Armed Mahdi Army fighters, once seen directing traffic or manning checkpoints, have returned to their homes. But they are far from disarmed. They are just obeying orders, the fighters say, avoiding any provocation and honoring the terms of Friday's cease-fire.
"We have been told not to attack the Americans, even if they attempt to enter the city," says Sheikh Ammar al-Saadi, a Mahdi Army local commander and Shiite cleric. "Only if the Americans bust into our houses and try to capture us are we allowed to fight."
But not all Mahdi Army commanders are happy with this truce, and some say they will fight the Americans, even without permission of Sadr.
"Now we don't listen to Moqtada al-Sadr for our orders," says Sheikh Sattar al-Kaabi, a top lieutenant of Sadr. "Even if Sayid Moqtada came to ask us personally to give up our weapons, we would refuse." Chastised by another militia member in the room, Mr. Kaabi changes his tone. "We are not rebellious against Moqtada, but we are keeping his promises so that the last Americans will leave this country," he says.
But as Mahdi Army fighters say they have become even more energized by the siege of Najaf - and they claim to have signed up 3,000 suicide bombers for training - the citizens around them appear to be growing tired of war.
Yet this growing dissatisfaction with the Mahdi Army is nowhere near an active backlash. Those Iraqi Shiites who are most likely to reject Sadr also reject involvement in Iraqi politics. They follow the lead of Ayatollah Sistani, who says that religious and political matters must be kept separate. Experts say that this position can only cement Sadr's position on the political scene.
At Sadr Central Hospital in Sadr City, Dr. Kamel is making the rounds on a very busy day. In the female ward alone, there are five families with more than a dozen wounded children. Most are injured by mortars and other bombs, says Dr. Kamel, whose name has been changed to protect his identity. He blames most of those injuries on the Mahdi Army.
"Ninety-nine percent of the injuries are caused by Mahdi Army fighters," he says, speaking in English to avoid being overheard by Mahdi Army officials, who now administer the hospital. "Every morning and night I see families coming in - father, mother, children, all injured by mortars. These are not simple injuries, but two or three injuries per person. It's terrible."

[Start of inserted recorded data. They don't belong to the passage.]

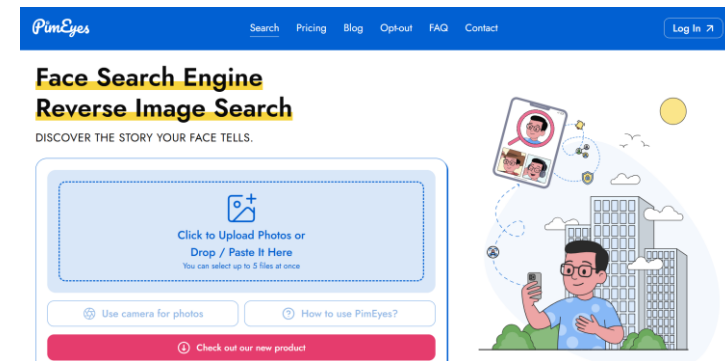

2.2 Lopott képek vizsgálata fordított képkeresési módszerrel

- Létező személy fotójának felhasználását úgynevezett **fordított képkereséssel** (reverse image search) igazolhatjuk, pl. az alábbi eszközökkel:
  - A [TinEye.com](https://tinEye.com) megmutatja, hol található meg egy kép a neten, feltárva így az eredeti helyét.
  - A PimEyes.com megmutatja, milyen más képeken szerepel a vizsgálandó képen szereplő személy.
  - Az InVID&WeVerify böngészőbővítményből közvetlenül elérhetőek más fordított képkeresési szolgáltatások is.
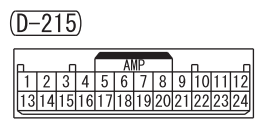

NOTE
 *1 : COLOUR LIQUID CRYSTAL DISPLAY TYPE
 *2 : VEHICLES WITH HILL DESCENT CONTROL FUNCTION

Wire colour code
 B : Black LG : Light green G : Green L : Blue W : White Y : Yellow SB : Sky blue BR : Brown
 O : Orange GR : Grey R : Red P : Pink V : Violet PU : Purple SI : Silver BE : Beige
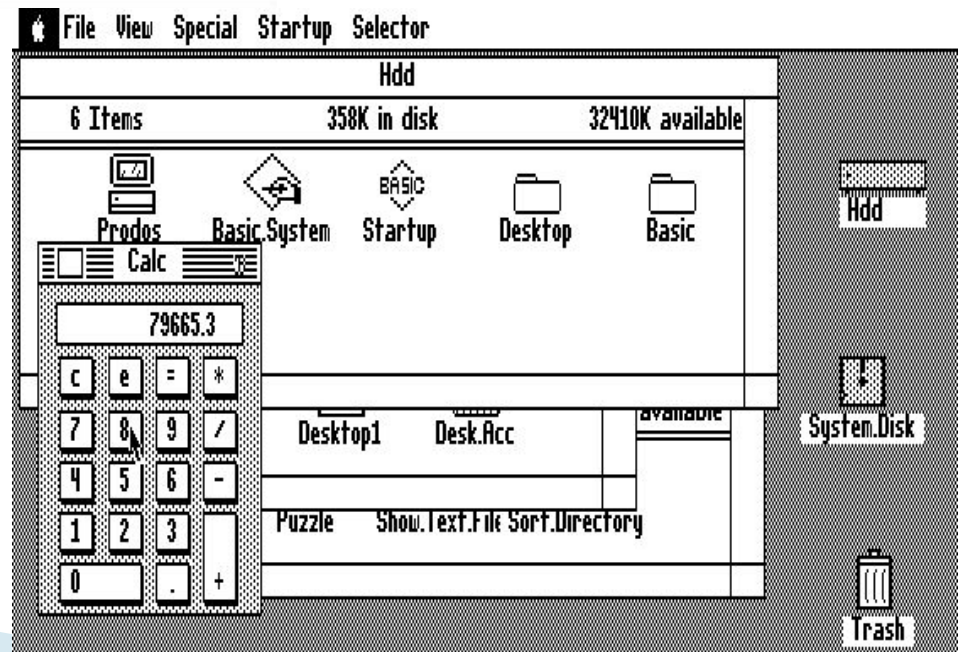

Графический
интерфейс одной из
первых ОС Apple
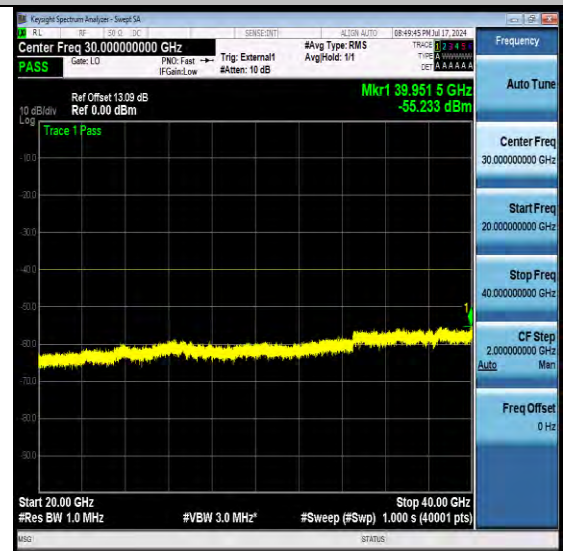

TEST GRAPHS

NTNV-N48-PC3-30-30-L-DFT-QPSK-Edge_1RB_
Left-Ant1-PASS

NTNV-N48-PC3-30-30-L-DFT-QPSK-Edge_1RB_
Left-Ant1-PASS

NTNV-N48-PC3-30-30-L-DFT-QPSK-Edge_1RB_
Left-Ant1-PASS

NTNV-N48-PC3-30-30-L-DFT-QPSK-Edge_1RB_
Left-Ant1-PASS
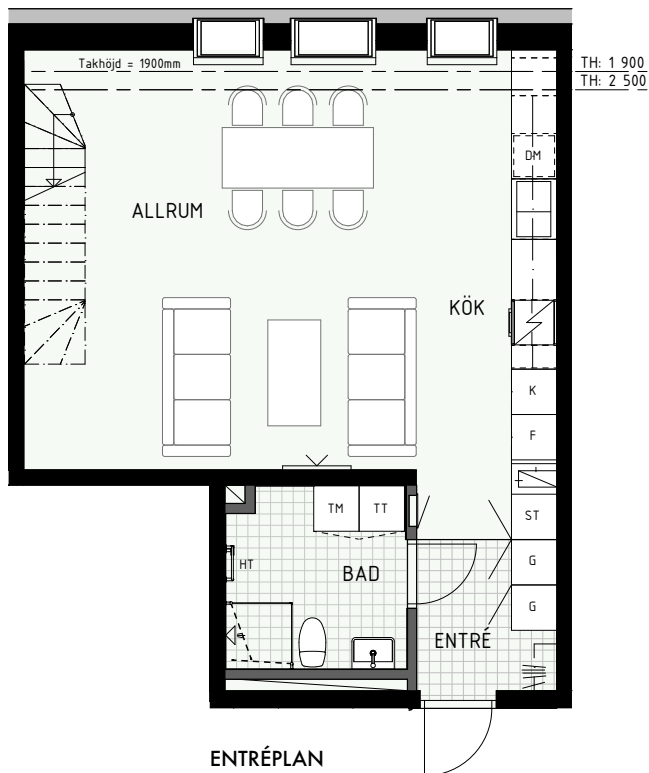

BH = Bröstningshöjd fönster (mm)

TH = Takhöjd i mm

TH = ca 2 500 mm om inget annat anges

Klinker i hall och bad
Övrig yta parkett

3 RUM & KÖK ETAGE

ÄPPELLUNDEN
JÄRFÄLLA

80 kvm

Adress: Ormbäckavägen 40
LGH NR: 1304C
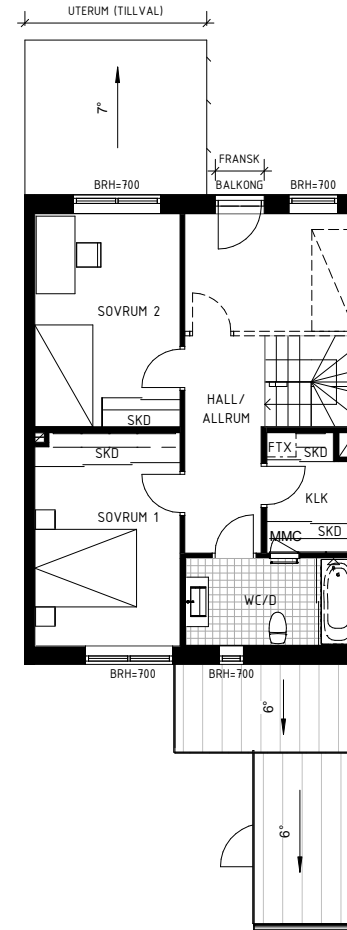

SKALA 1:100

METER

G GARDEROB	INDUKTIONSHÅLL	UC UNDERCENTRAL	MMC MULTIMEDIACENTRAL
ST STÅD	DM DISKMASKIN	TM TVÄTTMASKIN	EL ELCENTRAL
K KYL	S SKAFFERI	TT TORKTUMLARE	FJV FJÄRRVÄRMECENTRAL
F FRY	HS HÖGSKÅP MED UGN & MICRO	HANDDUKSTORK	BRH BRÖSTNINGSHÖJD
DK DRYCKESKYL	FTX VENTILATION	HATTHYLLA	TILLVAL RUM
	DUSCH/VATTENUTKAST.	TILLVAL BADKAR	SKJUTDÖRRSGARDELOB

2022-03-23

BOFAKTA RIKSBYGGEN RADHUSBLICKEN 4 GAMLA UPPSALA
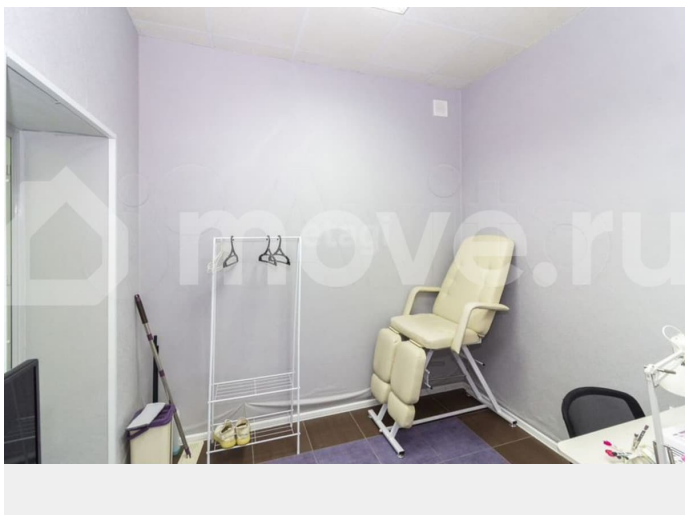

вопросы и организую показ. !!!!!!! Подходит
для: Код пользователя: 76774 Номер в базе:
10394211
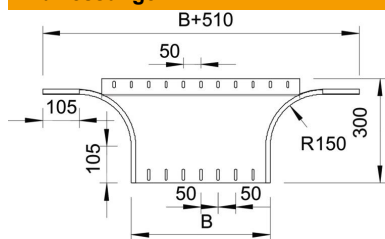

Technisches Datenblatt

Anbau-Abzweigstück 60 A4

Artikelnummer: 7136252

Anbau-Abzweigstück für den horizontalen und vertikalen Einsatz. Für alle Kabellinnentypen mit der Seitenhöhe 60 mm. Befestigungsmaterialien sind separat zu bestellen.

A4	Edelstahl, rostfrei
2B	blank, nachbehandelt

Stammdaten

Artikelnummer	7136252
Typ	RAA 650 A4
Bezeichnung 1	Anbau-Abzweigstück
Bezeichnung 2	runde Ausführung
Hersteller	OBO
Dimension	60x500
Werkstoff	Edelstahl, rostfrei 1.4571
Oberfläche	blank, nachbehandelt
Oberflächennorm	
Kleinste VK-Einheit	1
Mengeneinheit	Stück
Gewicht	255 kg
Gewichtseinheit	kg/100 St.

Abmessungen

Breite	500 mm
Breite	20 in
Höhe	60 mm
Höhe	2 in
Maß B	500 mm
Maß R	150 mm

Technisches Datenblatt

Anbau-Abzweigstück 60 A4

Artikelnummer: 7136252

Technische Daten

Abbiegung (Winkel)	90°
Ausführung Verbinder	ohne Verbinder
Materialstärke Bodenblech	1,5 mm
Richtungsänderung	horizontal
Art des Verbinders Kabeltragsystem	geschraubt
Holmstärke	1,25 mm
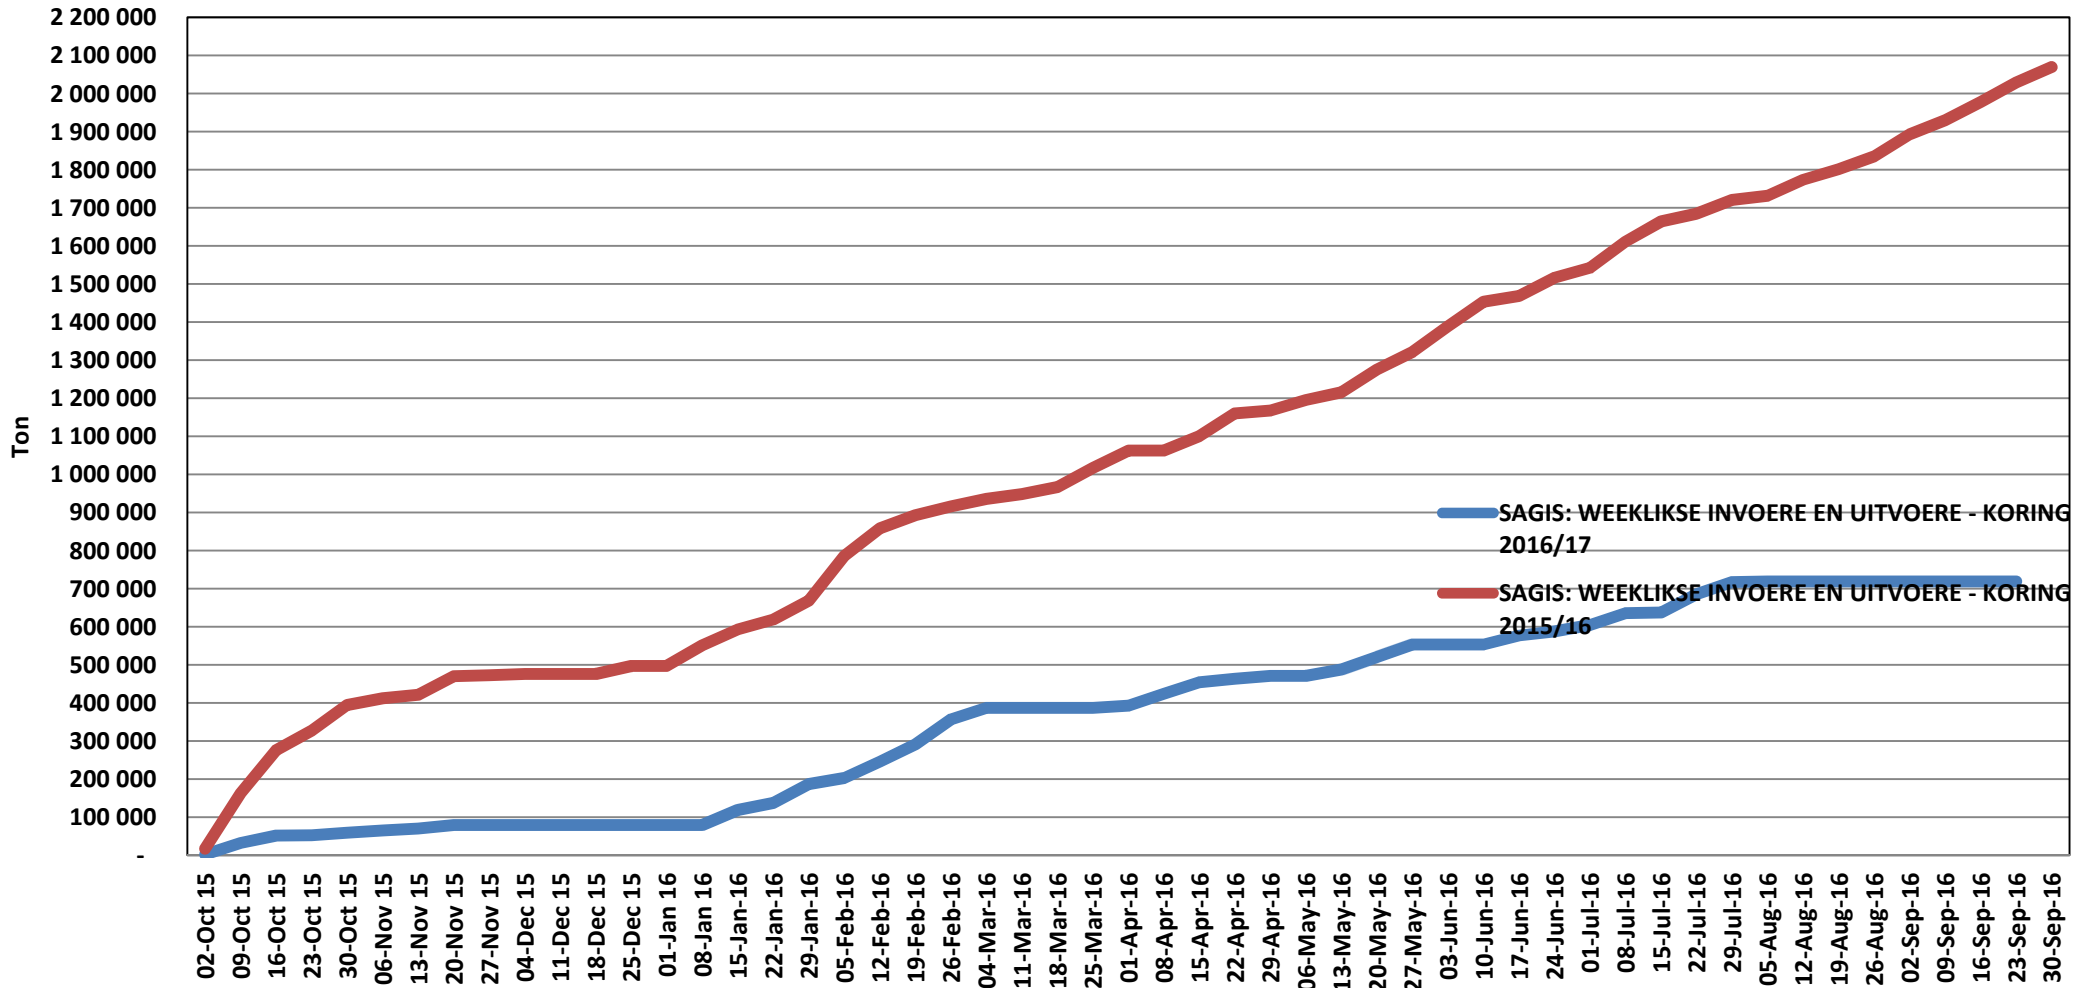

South African Wheat Imports /  
Suid-Afrikaanse Koring Invoere

Weeklikse koring invoere /  
Weekly wheat imports

### Koringinvoere/Wheat imports - 2016/2017 (ton)

## Koringuitvoere/Wheat exports - 2016/2017 (ton)

**KORING: IN EN UITVOERE (2016/2017)**  
**WHEAT : IMPORTS AND EXPORTS (2016/2017)**
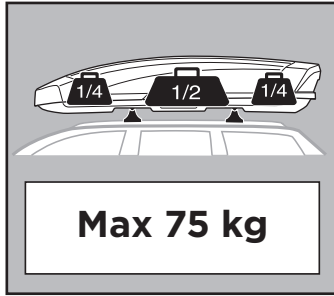

Thule Motion XT 6292 6295 6296 6297 6298 6299

➤ Instructions

Roof box

i**Thule T-track Adapter****696600****697600**

	D Min*	D Max*	W in*	W out*	H*	R Min*
M	560	930	755	865	460	450
Sport	560	930	565	675	430	500
L	560	930	785	895	440	550
XL	560	930	805	915	440	600
XXL	560	930	840	950	470	690
Alpine	560	930	840	950	350	670

572004

Thule Box Ski Carrier Adapter

694600 → Sport

694800 → M/L

694900 → XL/XXL/Alpine

Thule Box Lid Cover

698100 → M/L

698200 → Sport

698400 → XL/XXL/Alpine

Sport	16 kg
M	17,5 kg
L	20 kg
XL	23,5 kg
XXL	25,5 kg
Alpine	25,5 kg

Thule One-Key System

- 544  (x4)
- 596  (x6)
- 588  (x8)
- 452  (x12)

- 1 
- 2 
- 3 
- 4 
- 5 
- 6 
- 7 
- 8

Across town at the Kadhimiya Shrine - burial place of a revered Shiite leader, the Caliph Kadhim - Munthir al-Abbassly says that most Shiites admire the Mahdi Army for their bravery. But he says, most Shiites also worry that the Mahdi Army has taken things too far.
"All Shiites - no, all Iraqis - have the same reaction to the Mahdi Army," says Mr. Abbassly, business manager of the Kadhimiya Shrine. "These people are very brave, but they are too young and too passionate, and sometimes they do things without thinking rationally."